**Extracted records:**
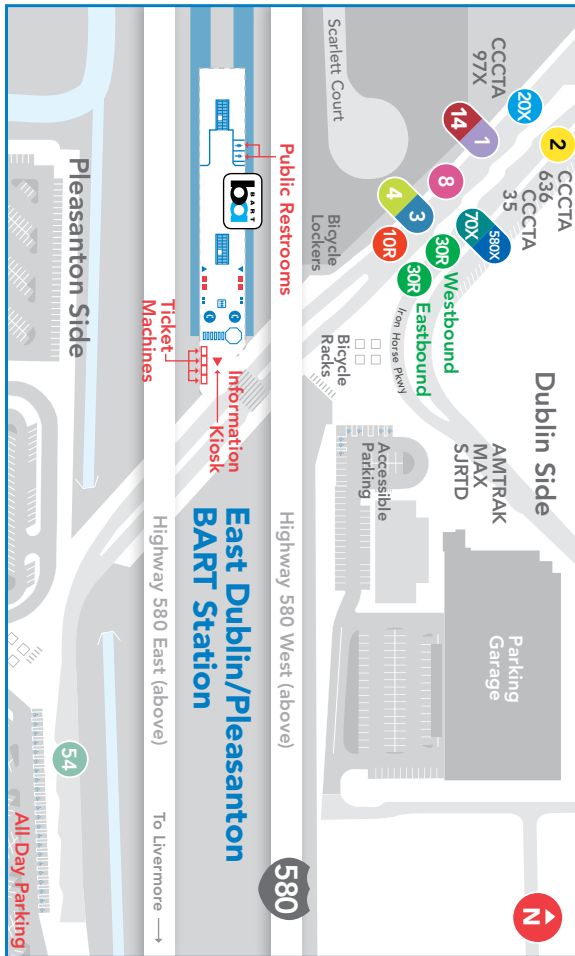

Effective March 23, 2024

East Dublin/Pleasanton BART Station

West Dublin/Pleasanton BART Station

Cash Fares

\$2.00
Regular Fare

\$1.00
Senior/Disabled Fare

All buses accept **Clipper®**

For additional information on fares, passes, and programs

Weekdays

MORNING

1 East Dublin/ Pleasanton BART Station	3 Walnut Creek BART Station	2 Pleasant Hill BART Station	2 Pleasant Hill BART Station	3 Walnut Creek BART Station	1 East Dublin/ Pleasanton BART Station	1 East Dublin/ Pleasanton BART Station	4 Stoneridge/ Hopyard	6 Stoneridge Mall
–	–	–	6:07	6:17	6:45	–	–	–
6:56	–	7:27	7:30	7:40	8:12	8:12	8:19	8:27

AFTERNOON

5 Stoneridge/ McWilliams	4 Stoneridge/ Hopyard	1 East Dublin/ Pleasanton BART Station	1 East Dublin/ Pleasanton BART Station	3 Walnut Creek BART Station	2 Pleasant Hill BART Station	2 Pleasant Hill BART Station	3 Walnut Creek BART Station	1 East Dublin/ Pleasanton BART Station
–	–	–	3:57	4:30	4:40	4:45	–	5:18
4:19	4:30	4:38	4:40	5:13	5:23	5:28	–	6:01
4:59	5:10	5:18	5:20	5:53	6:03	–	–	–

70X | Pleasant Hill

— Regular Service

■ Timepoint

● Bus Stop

...

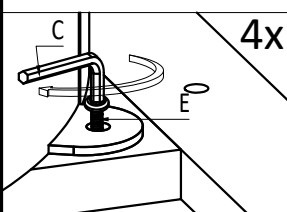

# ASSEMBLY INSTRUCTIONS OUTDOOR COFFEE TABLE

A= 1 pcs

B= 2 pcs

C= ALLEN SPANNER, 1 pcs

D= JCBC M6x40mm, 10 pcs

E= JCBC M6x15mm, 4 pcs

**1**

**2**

**Directions:** From the entries above, extract each line containing "JCBC".

**Problem solution:**
D= JCBC M6x40mm, 10 pcs
E= JCBC M6x15mm, 4 pcs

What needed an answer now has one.